A Brief Introduction of Step-Up in Basis

By: Junfen Tang

Definition

Under Internal Revenue Code Section 1014(a), the basis of an inherited property from a decedent is generally (1) the fair market value of the property at the date of the decedent’s death, or (2) the fair market value of the property on the alternative valuation date.

Thus, when the above applicable fair market value of an inherited property is above its original purchase price that had been paid by the decedent, the heir who inherits certain property can use the fair market value as his or her cost basis and minimize the capital gains taxes owed if the property is sold later.

Why Step-Up in Basis

The underlying theory for step-up in basis is avoiding double taxation. Double taxation means that the taxpayer is taxed twice on the same income or assets.

In general, the taxpayer is subject to capital gain taxes for income generated from the sales of appreciated \ assets. If a taxpayer chooses not to dispose of his or her assets on or before his or her death, no capital gain taxes can be collected for the appreciation of these assets. However, the fair market value of these assets at the time of the death of the taxpayer shall be included into the deceased’s estate, thus, will be subject to estate tax, at least for those individuals with taxable estates.

Then, if the heir sells above inherited assets and is required to calculate capital gain based on the original costs in the hand of the deceased, the differences between the fair market value at the time of the taxpayer’s death and the original costs are likely to be taxed twice, which include the estate tax over the deceased’s related estate and the capital gain taxes upon the heir’s sales of these inherited assets.

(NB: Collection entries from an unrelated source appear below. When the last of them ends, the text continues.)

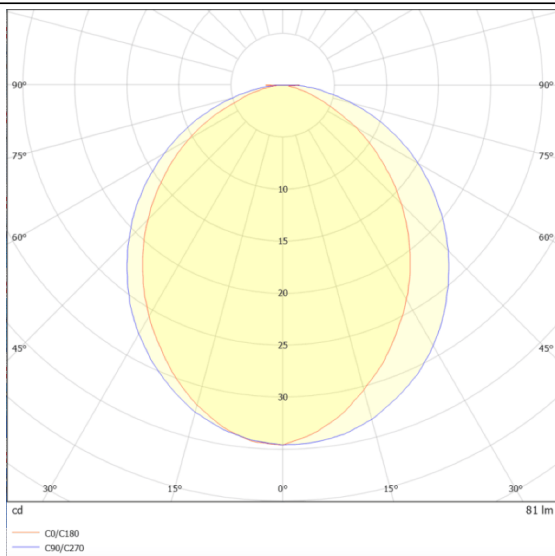

WALLR

Lavov recessed fixture from the family WALLR with a power of 6.5W and a 120 beam angle. Finished in natural stainless Steel colour. Dimensions .. With a total lumen output of 130lm and a luminous efficiency of 20lm/W. CCT 3000K. Driver ON-OFF. Made in Die Cast Aluminium Body, Front Ring Stainless Steel, Tempered Glass Cover. .IP65. IK10

Scheme

Photometry

Item code	86.ORW9.1301.07
Product type	Outdoor
Category	Recessed Wall & Ceiling
Family	WALLR
Pictograms	
Product	
Real power (W)	6.5
Real luminous flux (Lm)	130
Luminous efficiency (Lm/W)	20
Beam angle (&ordm;)	120
Life time (h)	50000h L70B10
IP	IP65
Electrical class insulation	Class I
Colour	natural stainless Steel
Control gear included	Yes
Control gear	ON-OFF
Flicker Free	Yes
Light source	LED
Type of LED	SMD
Colour temperature (K)	3000
Colour consistency (SDCM)	SDCM<3
CRI	80
IK	IK10
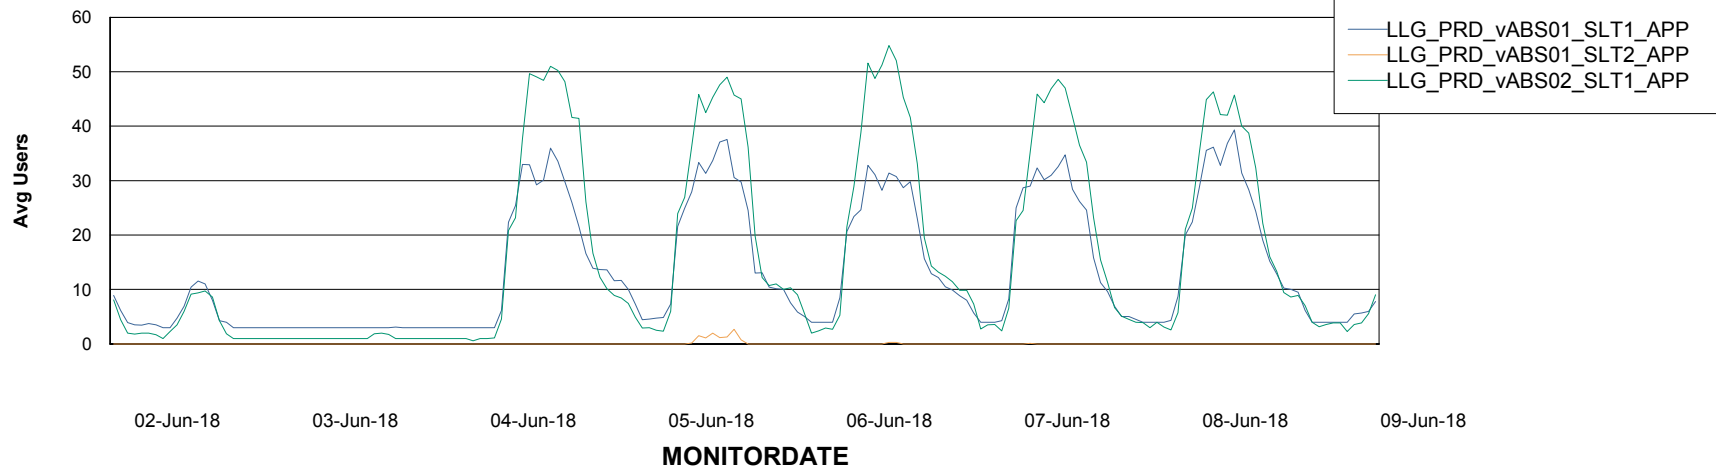

Avg users per day per ABS server
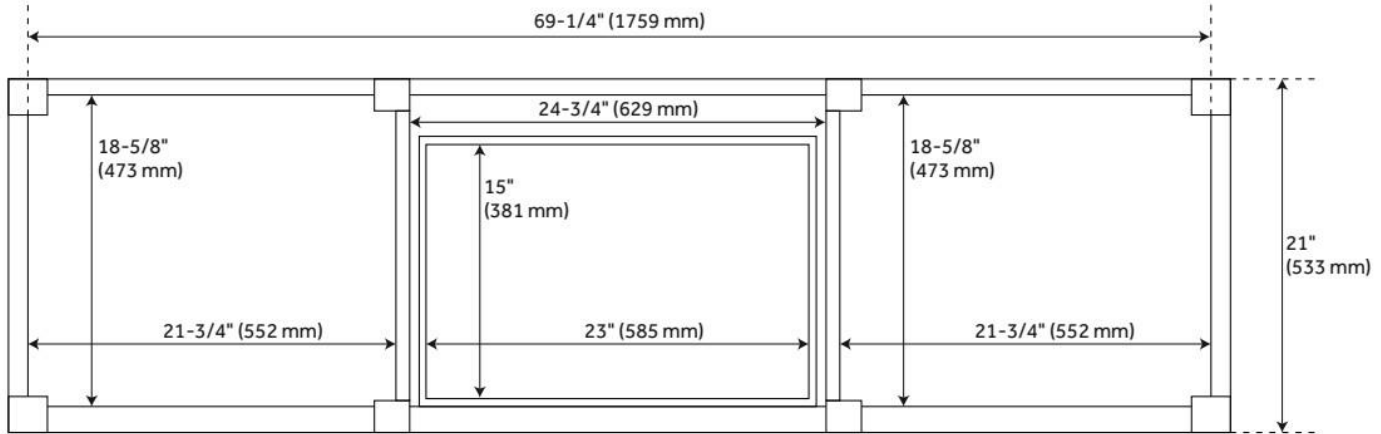

72" ELMDALE VANITY WITH RECTANGULAR UNDERMOUNT SINKS - DARK OLIVE GREEN

SKU: 954001-72-RUMB

Code: SH489298, SH489299, SH489301, SH489296, SH489303, SH489297, SH489302, SH489300, SH559145

REVISED 11/27/2024
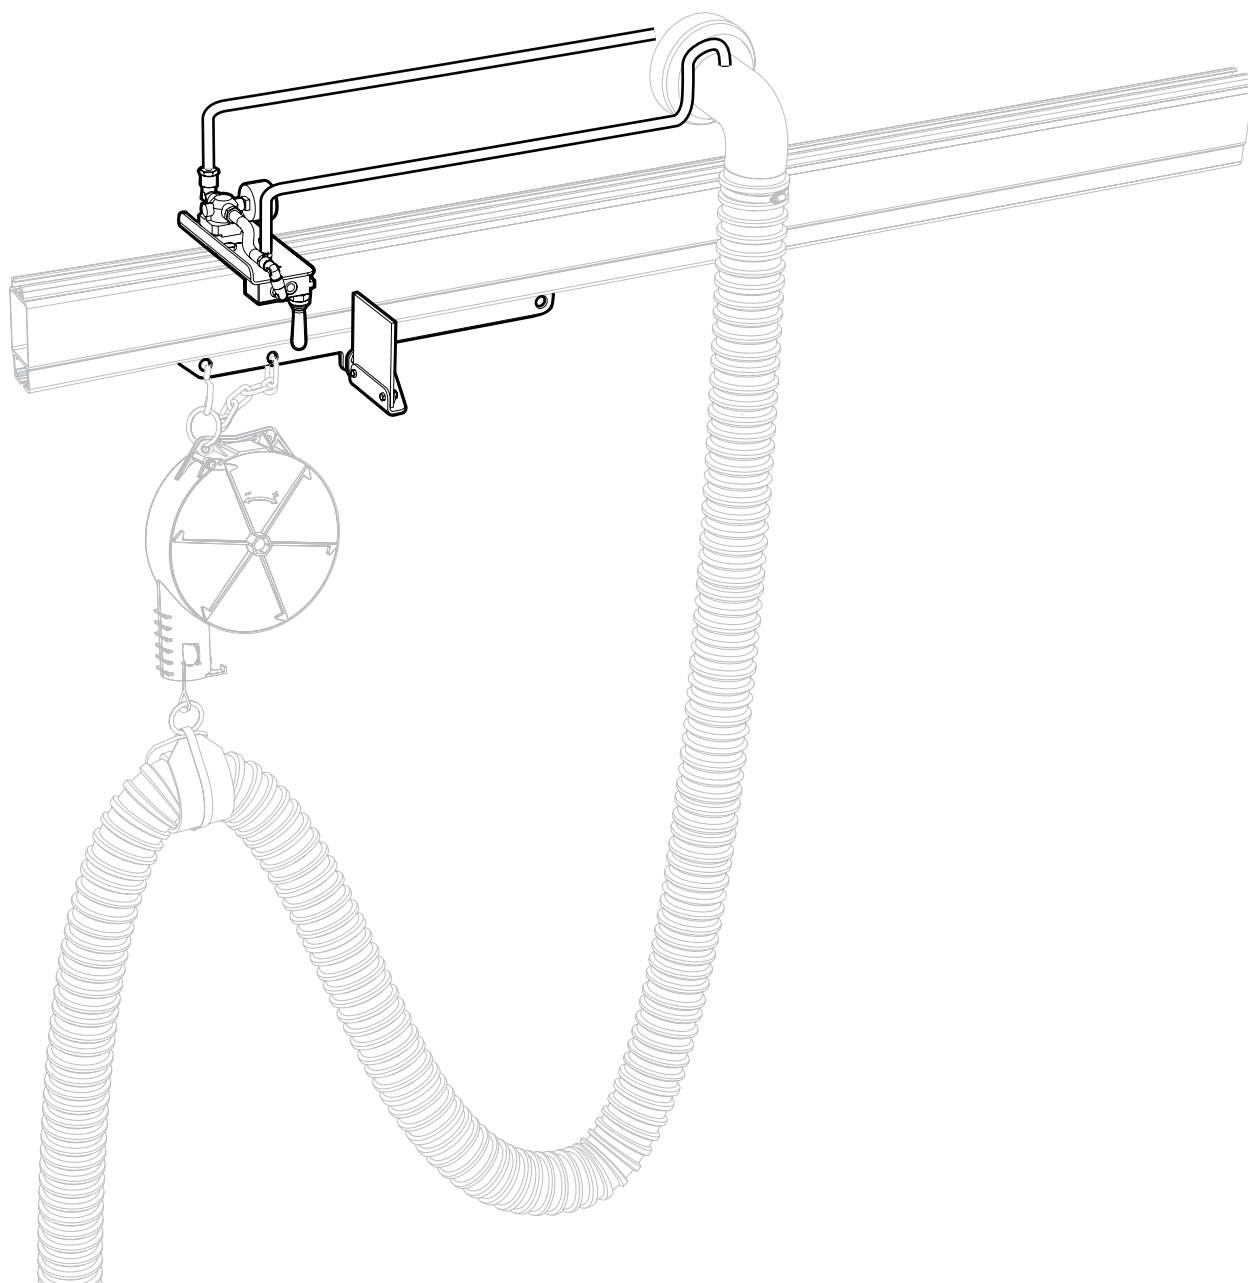

# AFSA 810

EXTRACTION ARMS · VEHICLE EXHAUST EXTRACTION · FANS · FILTERS · CURTAINS · CONTROLS

**MOVEX**

104 Commerce Drive, Suit C, NORTHAMPTON, PA 19067, USA · Tel 610-440-0478 · info@movexinc.com · www.movexinc.com

Therefore, the U.S. tax code allows heirs to raise their cost basis to the inherited assets’ fair market value at the time of the decedent’s death, which means the heir obtains a step-up basis on the inherited assets.

How Step-Up in Basis Works

  1. Scope of application of the step-up in basis.
    The step-up in basis provision applies to real estate, other tangible property, and financial assets like stocks, bonds, and mutual funds as well.
  2. Determination of the step-up in basis.
    First, the step-up in basis is determined on the date of the owner’s death, or by using an alternative valuation date. The former calculation is relatively simple. For example, an inherited public security’s step-up in basis will be its closing price on the date of the decedent’s death or most recent trading date. While the step-up in basis is determined by using an alternative valuation date, the executor of the decedent’s estate must file an estate tax return known as form 706 and elect to use the alternative valuation on that return. Moreover, the step-up in basis must be the fair market value, which may be determined by the public market price of the same assets, the likely determination of the value of publicly traded stocks, or through a professional third-party assessment, for example determining the value of a piece of art.
  3. Step-up in basis for community property.
    Residents of the community property states, which include Washington state, can take advantage of the double step-up in basis rule. Community property means all assets accumulated during a couple’s marriage. A living spouse will be entitled the step-up in basis on the whole community property at the time of the other spouse’s death, not only for the fifty percent of the community property. Here is an example that may help your understanding of the double step-up in basis: Amy and Ben were married couple and residents of the State of Washington, a community property state. The couple purchased a house thirty years ago with a cost basis as $200,000. Ben passed away this year and their house’s fair market value increased to $800,000 at the date of Ben’s death. Ben was entitled to fifty percent of the value of the house and his estate will leave the house to his surviving spouse according to his will. If there are no applicable community property rules, then only Ben’s estate will have a step-up in basis, and Amy will have a new basis of $500,000 on this house. However, the community property rules apply, and Amy is allowed to a new basis of $800,000 on this house.
  4. No step-up in basis for lifetime gift.
    Although the step-up in basis provision applies to the inherited assets, for which titles are passed to heirs, beneficiaries cannot take advantage of the step-up in basis on properties that are gifted during the decedent’s lifetime.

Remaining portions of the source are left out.